To learn about how words develop scenes in books, read the book A House That Once Was and answer questions about the book.

Common Core Standards:  


Ask and answer questions to demonstrate understanding of a text, referring explicitly to the text as the basis for the answers.


Refer to parts of stories, dramas, and poems when writing or speaking about a text, using terms such as chapter, scene, and stanza; describe how each successive part builds on earlier sections.




  • Does anyone know what a scene is?

(Allow the students to answer.)



  •  A scene is an environment where something happens, or it can mean a section of a story or film. 

Creating Book Scenes and Moods

  • Today we will be talking about how words can help create a scene in a book and how a writer can use moods to build their story.
  • Writers can use words to describe a scene, so we feel like we are experiencing what the characters are going through.

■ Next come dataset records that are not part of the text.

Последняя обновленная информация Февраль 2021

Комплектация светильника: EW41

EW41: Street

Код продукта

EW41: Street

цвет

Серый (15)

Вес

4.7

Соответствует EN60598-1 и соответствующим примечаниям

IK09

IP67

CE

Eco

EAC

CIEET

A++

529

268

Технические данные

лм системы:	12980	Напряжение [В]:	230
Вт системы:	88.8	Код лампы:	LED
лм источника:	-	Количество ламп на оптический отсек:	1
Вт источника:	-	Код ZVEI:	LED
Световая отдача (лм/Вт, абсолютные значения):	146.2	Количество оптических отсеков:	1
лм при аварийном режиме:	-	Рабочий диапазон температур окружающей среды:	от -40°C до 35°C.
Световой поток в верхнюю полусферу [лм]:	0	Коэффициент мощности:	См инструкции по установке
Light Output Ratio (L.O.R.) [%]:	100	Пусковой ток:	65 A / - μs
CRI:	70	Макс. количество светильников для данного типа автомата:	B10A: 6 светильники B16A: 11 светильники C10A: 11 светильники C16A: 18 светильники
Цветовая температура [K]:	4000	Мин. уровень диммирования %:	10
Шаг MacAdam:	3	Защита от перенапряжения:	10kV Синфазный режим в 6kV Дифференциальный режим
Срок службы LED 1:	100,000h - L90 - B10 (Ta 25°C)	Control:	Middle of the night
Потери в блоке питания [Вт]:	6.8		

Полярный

They bring the story alive for us. 
  • An example is describing tree shapes and the sounds and smells of a forest, so we feel like we are in the forest with the characters. 
  • What are words you would use to describe the scene of a forest?

(Allow the students to answer.)

  • Sometimes writers can also use different scenes in a story to compare contrasting moods as a way to build their story.
  • Contrast are two things that are different from each other. 
  • The mood of a scene is the feeling that the scene makes us feel. 
  • For example, writers can use words such as fresh air, clean, and sunny to describe an outdoor scene in the park. 
  • What mood (or feelings) do you feel from these words to describe the park scene?

(Allow the students to answer.)

  • In comparison, a writer can use words such as dark, dirty, and damp to describe a basement. 
  • What mood do you feel from these words to describe the basement scene?

(Allow the students to answer.)

  • When the character moves from the park to the basement, the different moods in the two scenes can help the writer highlight how unpleasant the basement is when compared to being outside. 
  • Does anyone have any other examples of contrasting things?

(Allow the students to answer.)

  • Why do you think writers use this method to write stories?

(Allow the students to answer.)

  • On top of making a mood you are creating become highlighted, contrast can help scenes in a story stand out, be more interesting, or be more memorable.
  • Contrast can also exist in characters. For example, A villain and A superhero will have two different personalities, thoughts, and actions making a story more interesting. 
  • Today you will be identifying the different scenes in a book and how the author uses words to create moods and contrast.
  • You will also be answering questions to show you understand what is happening in the story you heard.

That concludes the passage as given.